Directions for this task: Start at the top of the records and, please, print each line exactly through the line that contains "Temperature Rating -65°F", leaving out all pictures.

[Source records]
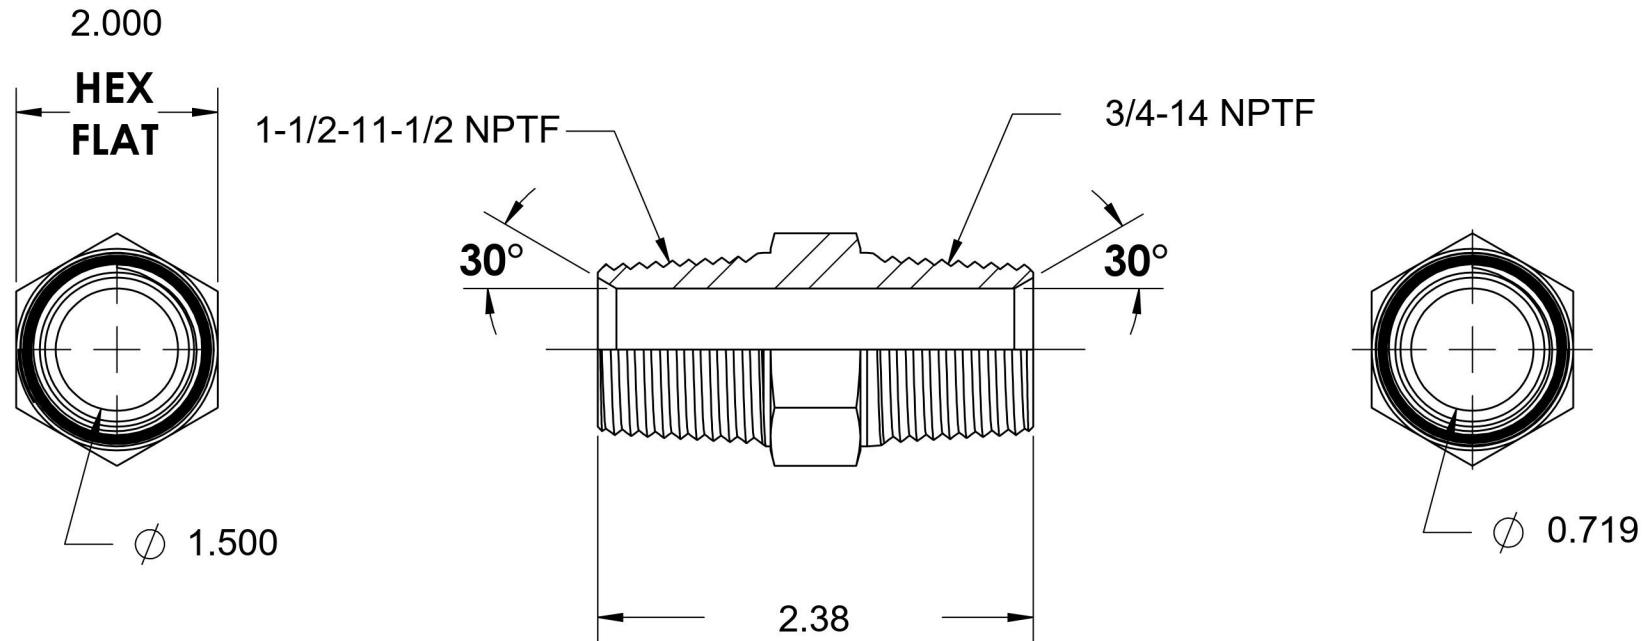

5404-24-12

Steel, SAE J514 Pipe Nipple, 1-1/2" Male NPTF 30° x 3/4" Male NPTF 30°

6701 Cochran Road
Solon, Ohio 44139
Phone: (440) 248-1880
Toll Free: 1-888-331-1523

Temperature Rating -65°F to 500°F	Material C1045/12L14 Steel	Industry Standards SAE J514 , SAE J476 ASTM B633	Series 5404
Pressure Rating 3000 psi	Finish Trivalent Zinc		Series Description SAE J514 Pipe Nipple

Reply to the exercise:
5404-24-12

Steel, SAE J514 Pipe Nipple, 1-1/2" Male NPTF 30° x 3/4" Male NPTF 30°

6701 Cochran Road
Solon, Ohio 44139
Phone: (440) 248-1880
Toll Free: 1-888-331-1523

Temperature Rating -65°F to 500°F	Material C1045/12L14 Steel	Industry Standards SAE J514 , SAE J476 ASTM B633	Series 5404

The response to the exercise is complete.